== Directions for this task ==
For every entry below, give an exact repeat and leave out the pictures.

== Record excerpts ==
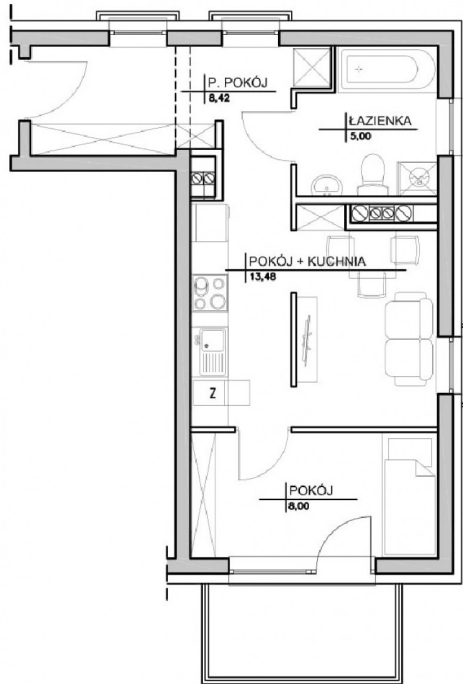

Kościuszki 13, Budynek B

Mieszkanie B17

Poziom	I Piętro
Zestawienie pomieszczeń	
Przedpokój	8,42 m ²
Łazienka	5,00 m ²
Pokój z aneksem	13,48 m ²
Pokój	8,00 m ²
Powierzchnia	34,90 m²

symbol oferty	MZ/KO/17
powierzchnia użytkowa	35
piętro	1 / 3
liczba pokoi	2
planowany termin oddania	2021

== Output of the task ==
Kościuszki 13, Budynek B

Mieszkanie B17

Poziom	I Piętro
Zestawienie pomieszczeń	
Przedpokój	8,42 m ²
Łazienka	5,00 m ²
Pokój z aneksem	13,48 m ²
Pokój	8,00 m ²
Powierzchnia	34,90 m²

symbol oferty	MZ/KO/17
powierzchnia użytkowa	35
piętro	1 / 3
liczba pokoi	2
planowany termin oddania	2021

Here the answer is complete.